We should preach Christ and Him crucified.  We should seek to put Jesus on display through our words and deeds.  When unbelievers see the body of Christ, when they are given a revelation of who God is, when they see him high and lifted up, when they see his glory in the face of Jesus Christ they will be convicted of sin.  They will know their need for him.  The law may bring us to the knowledge of sin but it is ineffective to bring us to a knowledge of Christ.  It is not necessary to bring someone to the knowledge of sin through the law, that knowledge will come as they are shown the glory of Emmanuel.

It is the Holy Spirit that convicts us of sin and He does so through a revelation of Jesus Christ.  Jesus told his disciples:   "And when he comes, he will convict the world concerning sin and righteousness and judgment: concerning sin, because they do not believe in me; concerning righteousness, because I go to the Father, and you will see me no longer; concerning judgment, because the ruler of this world is judged." (John 16:8-11 ESV).

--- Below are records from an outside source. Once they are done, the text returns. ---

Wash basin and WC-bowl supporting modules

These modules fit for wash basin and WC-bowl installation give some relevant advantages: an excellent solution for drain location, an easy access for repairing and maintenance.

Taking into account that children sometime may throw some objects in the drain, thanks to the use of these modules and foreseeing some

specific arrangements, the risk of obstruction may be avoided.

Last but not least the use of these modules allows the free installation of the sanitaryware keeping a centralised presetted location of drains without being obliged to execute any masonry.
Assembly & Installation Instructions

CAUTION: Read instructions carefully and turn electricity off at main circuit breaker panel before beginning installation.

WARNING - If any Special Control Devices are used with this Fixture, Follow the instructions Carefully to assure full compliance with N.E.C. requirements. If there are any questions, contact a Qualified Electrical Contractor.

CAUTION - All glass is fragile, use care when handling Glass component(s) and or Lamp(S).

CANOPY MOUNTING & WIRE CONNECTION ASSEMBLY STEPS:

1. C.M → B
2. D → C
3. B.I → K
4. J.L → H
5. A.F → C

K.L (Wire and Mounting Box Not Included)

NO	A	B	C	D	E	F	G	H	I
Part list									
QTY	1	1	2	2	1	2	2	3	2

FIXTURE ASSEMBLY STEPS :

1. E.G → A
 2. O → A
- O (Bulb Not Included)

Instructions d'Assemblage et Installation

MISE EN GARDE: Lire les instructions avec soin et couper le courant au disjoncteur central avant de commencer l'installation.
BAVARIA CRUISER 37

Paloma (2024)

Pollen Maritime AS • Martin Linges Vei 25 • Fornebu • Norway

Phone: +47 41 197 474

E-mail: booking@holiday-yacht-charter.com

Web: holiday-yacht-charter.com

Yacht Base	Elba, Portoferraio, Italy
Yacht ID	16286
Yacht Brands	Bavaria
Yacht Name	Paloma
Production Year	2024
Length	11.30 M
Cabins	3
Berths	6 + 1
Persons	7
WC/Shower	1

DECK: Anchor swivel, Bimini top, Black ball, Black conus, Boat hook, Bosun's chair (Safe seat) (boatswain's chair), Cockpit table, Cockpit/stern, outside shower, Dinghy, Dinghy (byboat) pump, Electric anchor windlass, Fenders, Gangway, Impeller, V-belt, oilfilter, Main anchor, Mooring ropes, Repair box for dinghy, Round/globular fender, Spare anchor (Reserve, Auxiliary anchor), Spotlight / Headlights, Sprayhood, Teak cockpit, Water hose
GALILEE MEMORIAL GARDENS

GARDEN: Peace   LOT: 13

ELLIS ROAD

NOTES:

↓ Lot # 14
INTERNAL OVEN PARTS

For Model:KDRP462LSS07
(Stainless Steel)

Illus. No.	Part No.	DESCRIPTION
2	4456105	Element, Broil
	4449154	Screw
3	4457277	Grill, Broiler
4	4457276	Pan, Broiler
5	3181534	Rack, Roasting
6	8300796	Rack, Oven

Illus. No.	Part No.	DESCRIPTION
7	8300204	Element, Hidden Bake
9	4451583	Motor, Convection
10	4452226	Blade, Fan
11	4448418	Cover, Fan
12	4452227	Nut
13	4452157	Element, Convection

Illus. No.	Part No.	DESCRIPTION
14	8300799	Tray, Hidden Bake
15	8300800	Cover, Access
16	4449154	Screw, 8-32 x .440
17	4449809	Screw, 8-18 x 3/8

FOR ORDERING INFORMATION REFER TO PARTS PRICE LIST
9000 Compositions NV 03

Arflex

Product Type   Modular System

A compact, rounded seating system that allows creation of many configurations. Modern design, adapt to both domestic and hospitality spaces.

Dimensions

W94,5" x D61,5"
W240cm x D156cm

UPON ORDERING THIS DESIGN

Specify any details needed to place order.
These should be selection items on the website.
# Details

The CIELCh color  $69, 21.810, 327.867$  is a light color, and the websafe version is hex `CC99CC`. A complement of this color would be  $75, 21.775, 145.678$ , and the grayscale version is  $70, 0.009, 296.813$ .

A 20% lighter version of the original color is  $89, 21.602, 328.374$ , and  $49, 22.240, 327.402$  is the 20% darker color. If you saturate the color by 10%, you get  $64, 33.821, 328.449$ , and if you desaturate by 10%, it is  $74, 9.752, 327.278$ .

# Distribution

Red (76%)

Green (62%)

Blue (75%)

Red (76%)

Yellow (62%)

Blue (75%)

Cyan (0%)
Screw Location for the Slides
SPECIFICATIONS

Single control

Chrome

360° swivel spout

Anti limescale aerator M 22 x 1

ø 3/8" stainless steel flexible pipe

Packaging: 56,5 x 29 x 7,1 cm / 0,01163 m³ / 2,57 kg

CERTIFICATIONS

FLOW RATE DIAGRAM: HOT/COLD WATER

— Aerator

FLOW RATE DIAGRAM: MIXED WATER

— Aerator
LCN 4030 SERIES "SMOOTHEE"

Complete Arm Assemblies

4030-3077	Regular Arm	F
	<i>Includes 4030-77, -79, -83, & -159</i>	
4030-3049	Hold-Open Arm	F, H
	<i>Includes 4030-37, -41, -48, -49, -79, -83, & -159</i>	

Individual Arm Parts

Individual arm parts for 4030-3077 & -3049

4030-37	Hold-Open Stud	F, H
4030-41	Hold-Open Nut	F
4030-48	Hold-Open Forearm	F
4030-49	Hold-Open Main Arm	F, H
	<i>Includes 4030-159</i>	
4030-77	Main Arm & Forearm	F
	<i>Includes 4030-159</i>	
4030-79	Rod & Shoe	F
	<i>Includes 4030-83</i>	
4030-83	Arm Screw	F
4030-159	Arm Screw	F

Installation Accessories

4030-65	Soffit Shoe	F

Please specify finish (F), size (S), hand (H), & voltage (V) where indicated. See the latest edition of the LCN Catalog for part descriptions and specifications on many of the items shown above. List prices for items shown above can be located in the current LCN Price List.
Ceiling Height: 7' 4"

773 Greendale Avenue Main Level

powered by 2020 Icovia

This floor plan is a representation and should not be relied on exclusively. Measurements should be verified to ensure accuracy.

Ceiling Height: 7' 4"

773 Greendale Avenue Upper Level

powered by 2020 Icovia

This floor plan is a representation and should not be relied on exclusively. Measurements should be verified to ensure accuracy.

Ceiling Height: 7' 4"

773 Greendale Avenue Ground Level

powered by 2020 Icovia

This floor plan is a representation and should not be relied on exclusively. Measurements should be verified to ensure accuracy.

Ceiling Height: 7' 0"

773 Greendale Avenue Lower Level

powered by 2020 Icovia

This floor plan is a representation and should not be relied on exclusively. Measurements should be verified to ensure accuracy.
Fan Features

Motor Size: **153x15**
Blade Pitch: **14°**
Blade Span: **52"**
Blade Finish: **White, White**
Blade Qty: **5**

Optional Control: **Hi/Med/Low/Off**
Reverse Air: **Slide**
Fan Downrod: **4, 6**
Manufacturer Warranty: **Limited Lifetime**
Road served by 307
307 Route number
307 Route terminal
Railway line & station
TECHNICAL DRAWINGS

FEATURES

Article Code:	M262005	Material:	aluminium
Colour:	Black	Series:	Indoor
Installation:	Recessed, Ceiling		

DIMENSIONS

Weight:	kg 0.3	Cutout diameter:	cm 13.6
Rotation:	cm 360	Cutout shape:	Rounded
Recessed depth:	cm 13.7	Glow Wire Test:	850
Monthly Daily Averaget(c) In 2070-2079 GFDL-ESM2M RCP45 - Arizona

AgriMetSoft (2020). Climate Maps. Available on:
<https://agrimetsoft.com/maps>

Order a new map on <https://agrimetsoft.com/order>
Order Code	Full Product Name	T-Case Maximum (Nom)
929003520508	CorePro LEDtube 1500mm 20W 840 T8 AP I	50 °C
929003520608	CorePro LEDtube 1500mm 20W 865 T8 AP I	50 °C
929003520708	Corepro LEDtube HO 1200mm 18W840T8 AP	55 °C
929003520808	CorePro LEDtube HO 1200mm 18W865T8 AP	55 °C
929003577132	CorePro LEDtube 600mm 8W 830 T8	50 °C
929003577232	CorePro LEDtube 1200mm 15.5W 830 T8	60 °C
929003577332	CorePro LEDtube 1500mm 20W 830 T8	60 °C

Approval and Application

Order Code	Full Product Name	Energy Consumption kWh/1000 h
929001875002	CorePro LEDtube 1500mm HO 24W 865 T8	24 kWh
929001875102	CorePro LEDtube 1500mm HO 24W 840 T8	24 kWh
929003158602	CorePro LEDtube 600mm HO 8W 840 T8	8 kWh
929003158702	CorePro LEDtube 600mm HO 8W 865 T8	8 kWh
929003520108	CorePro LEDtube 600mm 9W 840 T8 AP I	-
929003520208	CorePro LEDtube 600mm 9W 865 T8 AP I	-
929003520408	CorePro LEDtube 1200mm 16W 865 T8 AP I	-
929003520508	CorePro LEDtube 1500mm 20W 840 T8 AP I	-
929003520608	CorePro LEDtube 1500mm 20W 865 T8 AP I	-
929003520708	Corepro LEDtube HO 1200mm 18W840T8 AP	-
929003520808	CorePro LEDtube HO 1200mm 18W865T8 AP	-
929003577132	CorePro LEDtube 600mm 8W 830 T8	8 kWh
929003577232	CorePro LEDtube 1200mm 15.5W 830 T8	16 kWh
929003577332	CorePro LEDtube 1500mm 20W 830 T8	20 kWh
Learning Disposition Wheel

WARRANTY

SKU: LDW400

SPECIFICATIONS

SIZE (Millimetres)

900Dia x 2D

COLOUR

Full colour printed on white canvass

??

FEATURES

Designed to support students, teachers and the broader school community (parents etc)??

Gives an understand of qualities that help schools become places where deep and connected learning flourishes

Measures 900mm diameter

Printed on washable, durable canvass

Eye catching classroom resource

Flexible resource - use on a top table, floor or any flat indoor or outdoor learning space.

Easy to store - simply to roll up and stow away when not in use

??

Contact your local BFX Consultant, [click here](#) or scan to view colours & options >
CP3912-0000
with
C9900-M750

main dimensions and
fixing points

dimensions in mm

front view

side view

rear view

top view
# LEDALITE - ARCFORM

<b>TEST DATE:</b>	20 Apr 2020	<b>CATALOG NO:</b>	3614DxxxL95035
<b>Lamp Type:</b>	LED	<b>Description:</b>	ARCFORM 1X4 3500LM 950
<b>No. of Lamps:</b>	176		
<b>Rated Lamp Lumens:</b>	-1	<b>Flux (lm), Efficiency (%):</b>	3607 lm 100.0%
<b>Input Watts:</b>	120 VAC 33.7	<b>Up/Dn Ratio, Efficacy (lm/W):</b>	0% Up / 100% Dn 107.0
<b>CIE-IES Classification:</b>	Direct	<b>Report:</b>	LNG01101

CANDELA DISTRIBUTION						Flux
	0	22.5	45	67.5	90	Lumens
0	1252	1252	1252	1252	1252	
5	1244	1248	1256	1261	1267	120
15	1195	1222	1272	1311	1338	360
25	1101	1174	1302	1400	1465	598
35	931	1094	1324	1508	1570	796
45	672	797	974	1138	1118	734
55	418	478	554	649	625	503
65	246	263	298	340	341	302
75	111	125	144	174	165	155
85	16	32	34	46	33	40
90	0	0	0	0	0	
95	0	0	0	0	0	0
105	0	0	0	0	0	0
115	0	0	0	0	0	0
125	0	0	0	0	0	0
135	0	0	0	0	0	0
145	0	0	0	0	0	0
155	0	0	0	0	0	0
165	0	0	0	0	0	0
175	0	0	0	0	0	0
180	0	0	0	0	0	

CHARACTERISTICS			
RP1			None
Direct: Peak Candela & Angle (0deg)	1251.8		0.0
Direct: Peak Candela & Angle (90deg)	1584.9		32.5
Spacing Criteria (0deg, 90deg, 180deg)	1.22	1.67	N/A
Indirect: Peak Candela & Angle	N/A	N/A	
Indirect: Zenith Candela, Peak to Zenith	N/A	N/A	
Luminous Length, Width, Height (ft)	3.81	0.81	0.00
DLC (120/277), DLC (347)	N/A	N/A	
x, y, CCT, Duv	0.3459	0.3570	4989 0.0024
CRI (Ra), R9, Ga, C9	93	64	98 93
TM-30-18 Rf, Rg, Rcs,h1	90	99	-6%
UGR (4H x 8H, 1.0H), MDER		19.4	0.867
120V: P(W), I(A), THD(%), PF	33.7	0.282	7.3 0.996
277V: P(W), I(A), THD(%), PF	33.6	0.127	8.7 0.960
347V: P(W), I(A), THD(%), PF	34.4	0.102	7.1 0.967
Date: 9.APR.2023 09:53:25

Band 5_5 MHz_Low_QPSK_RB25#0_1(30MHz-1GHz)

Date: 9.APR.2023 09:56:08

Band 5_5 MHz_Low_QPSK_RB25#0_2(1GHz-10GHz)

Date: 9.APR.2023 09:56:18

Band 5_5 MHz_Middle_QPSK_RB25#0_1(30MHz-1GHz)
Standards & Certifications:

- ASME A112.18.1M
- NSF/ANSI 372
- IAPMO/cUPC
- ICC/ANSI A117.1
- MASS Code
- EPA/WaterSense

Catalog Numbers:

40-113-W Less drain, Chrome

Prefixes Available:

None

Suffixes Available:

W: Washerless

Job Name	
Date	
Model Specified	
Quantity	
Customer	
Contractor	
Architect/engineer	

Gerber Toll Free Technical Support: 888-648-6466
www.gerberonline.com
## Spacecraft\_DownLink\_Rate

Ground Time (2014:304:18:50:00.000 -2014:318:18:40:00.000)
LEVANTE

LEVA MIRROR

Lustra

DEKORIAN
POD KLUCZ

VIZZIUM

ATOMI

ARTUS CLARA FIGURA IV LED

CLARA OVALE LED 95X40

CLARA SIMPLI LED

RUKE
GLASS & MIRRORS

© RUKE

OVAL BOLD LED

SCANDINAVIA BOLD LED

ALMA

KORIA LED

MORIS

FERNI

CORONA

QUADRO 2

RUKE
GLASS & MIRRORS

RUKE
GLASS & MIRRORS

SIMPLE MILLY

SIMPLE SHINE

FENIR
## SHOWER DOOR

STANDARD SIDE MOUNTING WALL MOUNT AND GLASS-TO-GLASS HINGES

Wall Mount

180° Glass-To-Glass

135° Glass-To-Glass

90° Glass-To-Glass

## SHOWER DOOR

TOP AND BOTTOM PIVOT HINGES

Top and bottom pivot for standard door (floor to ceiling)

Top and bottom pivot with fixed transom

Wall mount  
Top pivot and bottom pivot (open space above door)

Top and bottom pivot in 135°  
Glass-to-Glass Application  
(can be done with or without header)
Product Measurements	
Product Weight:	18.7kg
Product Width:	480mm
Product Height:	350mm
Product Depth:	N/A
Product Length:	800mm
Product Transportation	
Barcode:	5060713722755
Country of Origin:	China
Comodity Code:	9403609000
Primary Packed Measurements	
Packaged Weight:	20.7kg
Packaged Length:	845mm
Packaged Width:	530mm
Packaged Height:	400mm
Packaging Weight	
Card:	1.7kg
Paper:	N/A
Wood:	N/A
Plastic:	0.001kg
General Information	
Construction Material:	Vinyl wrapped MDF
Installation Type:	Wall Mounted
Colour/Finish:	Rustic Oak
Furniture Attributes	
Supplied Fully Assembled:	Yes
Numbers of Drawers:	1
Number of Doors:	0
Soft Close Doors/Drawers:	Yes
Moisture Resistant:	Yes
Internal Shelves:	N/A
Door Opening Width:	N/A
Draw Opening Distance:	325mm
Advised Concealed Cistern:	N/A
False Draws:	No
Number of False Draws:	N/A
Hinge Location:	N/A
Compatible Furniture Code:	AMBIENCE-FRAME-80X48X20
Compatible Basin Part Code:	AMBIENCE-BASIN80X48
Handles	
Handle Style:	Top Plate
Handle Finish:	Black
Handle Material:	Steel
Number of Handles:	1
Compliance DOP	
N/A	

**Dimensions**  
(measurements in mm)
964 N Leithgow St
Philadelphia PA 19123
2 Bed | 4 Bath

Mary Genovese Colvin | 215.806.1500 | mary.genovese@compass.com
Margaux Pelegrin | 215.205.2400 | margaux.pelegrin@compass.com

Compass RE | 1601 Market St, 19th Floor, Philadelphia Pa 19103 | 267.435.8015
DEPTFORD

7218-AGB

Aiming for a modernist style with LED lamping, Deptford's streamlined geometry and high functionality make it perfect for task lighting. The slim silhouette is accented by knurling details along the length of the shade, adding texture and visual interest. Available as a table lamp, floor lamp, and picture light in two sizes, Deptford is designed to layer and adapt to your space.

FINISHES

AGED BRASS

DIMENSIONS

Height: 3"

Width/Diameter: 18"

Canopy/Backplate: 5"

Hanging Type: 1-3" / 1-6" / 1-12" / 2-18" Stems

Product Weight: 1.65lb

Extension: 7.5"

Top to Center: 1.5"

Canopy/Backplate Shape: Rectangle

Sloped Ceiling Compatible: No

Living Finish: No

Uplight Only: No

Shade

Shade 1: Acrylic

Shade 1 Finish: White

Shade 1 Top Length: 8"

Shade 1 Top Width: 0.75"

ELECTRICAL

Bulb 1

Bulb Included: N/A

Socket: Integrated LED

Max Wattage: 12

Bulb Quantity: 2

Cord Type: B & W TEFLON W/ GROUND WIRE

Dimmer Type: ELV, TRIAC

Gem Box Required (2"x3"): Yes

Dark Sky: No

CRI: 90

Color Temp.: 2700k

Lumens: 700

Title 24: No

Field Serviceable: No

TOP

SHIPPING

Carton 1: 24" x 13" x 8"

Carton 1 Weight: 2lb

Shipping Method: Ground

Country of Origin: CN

  1. Good post, good thoughts.

    I'd like to add that when Jesus referred to the law in Luke 10, it wasn't to highlight man's sinfulness either.

    What is written in the law?

    "He answered, “‘Love the Lord your God with all your heart and with all your soul and with all your strength and with all your mind’[a]; and, ‘Love your neighbor as yourself.’"

    Jesus confirmed that this lawyer understood what the law was all about.

  2. yes Jonathan,

    that is what I've been learning as I ponder the usefulness of the law. The law points to the Christ. It reveals who he is. It displays the character of God. It is not meant to point to our sin but through it we see God's holiness and it is a revelation of God that casts light on our sinful nature.

    Thanks for commenting.

  3. Thanks for pointing me to this post. I like your points, especially the one about John 16, which TommyB over on my blog had also referenced.

  4. first time I read on your blog

    (I saw your comment on Jeremy Myers' blog)

    it is a very good article !

    I never realized how the words of Paul in 1 Cor 9 could be related to this issue. And it's a great point. Thanks.

  5. No, no, no, no, no. Not true. You even mentioned an example of Christ using the law to convict people of sin. "In Luke 10 Jesus is confronted by a lawyer and tested. Jesus asks the man "What is written in the law? How do you read it?" After he answers Jesus said to him "You have answered correctly. Do this and live." "
    The point was that the man couldn't do it. Jesus tells the man to do this: " 27 He answered, “‘Love the Lord your God with all your heart and with all your soul and with all your strength and with all your mind’[c]; and, ‘Love your neighbor as yourself.’[d]” " Have you done it? Of course not. That is an example of Christ using the Law to convict people of sin. It even says that the man wanted to justify himself so he asks who his neighbor is and Jesus tells him a story about a beaten jew who is helped by a samaritan, the point being that the samaritan was a neighbor to the jew even though samaritans and jews did not get along so well. He set the standard ridiculously high so that no man could pass it, He did the same with the rich young ruler. You are missing the point. He uses the law to show the failings of people and their sinfulness. Also, I invite you to check out debate blog

  6. Thanks for the comment, my faceless friend.

    What is it you are so adamantly against in my post?